Нет! Всем своим существом я восстал против этой мысли. По тому, как Марина рассказывала, как слушала меня, по игре впечатлений на ее лице, по блеску умных глаз я видел, что она расстроена невероятностью пережитого, но ум ее здоров, и в душе нет никакой болезни.
Я ходил по комнате, курил и думал. Предположение о сне отпало. Оставалось одно: звуки, которые слышала Марина, действительно существовали, а не были плодом ее воображения. Может быть, это акустика.
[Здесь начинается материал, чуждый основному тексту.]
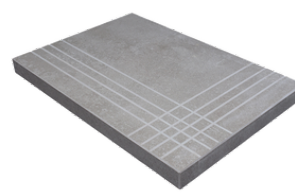

Peldaños Técnicos

Porcelánico

RODAPIÉ 10X120 PULIDO
| 120X120 / 48"x48"

RODAPIÉ 10X60 PULIDO
| 60X120 / 24"x48"

RODAPIÉ 7,5X60
| 60X60 / 24"x24"

RODAPIÉ 11X75 PULIDO
| 75X150 / 30"x59"

PELDAÑO ROMO 60X60
| 60X60 / 24"x24"

PELDAÑO ANGULO ROMO 60X60
| 60X60 / 24"x24"

PELDAÑO GRADONE RECTO 60X60
| 60X60 / 24"x24"

PELDAÑO ANGULO GRADONE RECTO 60X60
| 60X60 / 24"x24"

Galería

Los resultados mostrados representan una aproximación orientativa. Este documento no constituye una relación contractual. Para realizar pedidos o consultar disponibilidad de los productos, póngase en contacto con la empresa.

Мне вспомнилось рассказы о старых замках с комнатами, в которые странными путями доносились звуки, слова из отдельных помещений; легенды о таинственных пещерах, где человеческая речь превращалась в крик множества голосов, а тиканье часов в некоторых точках подземного зала было слышно на расстоянии десятков метров. Строители театральных и концертных зал знают, как сложны и прихотливы законы акустики… Может быть, и тут, в этом старом польском замке были воспроизведены условия, при которых звуки могли переселяться из одной комнаты в другую, не теряя своей силы?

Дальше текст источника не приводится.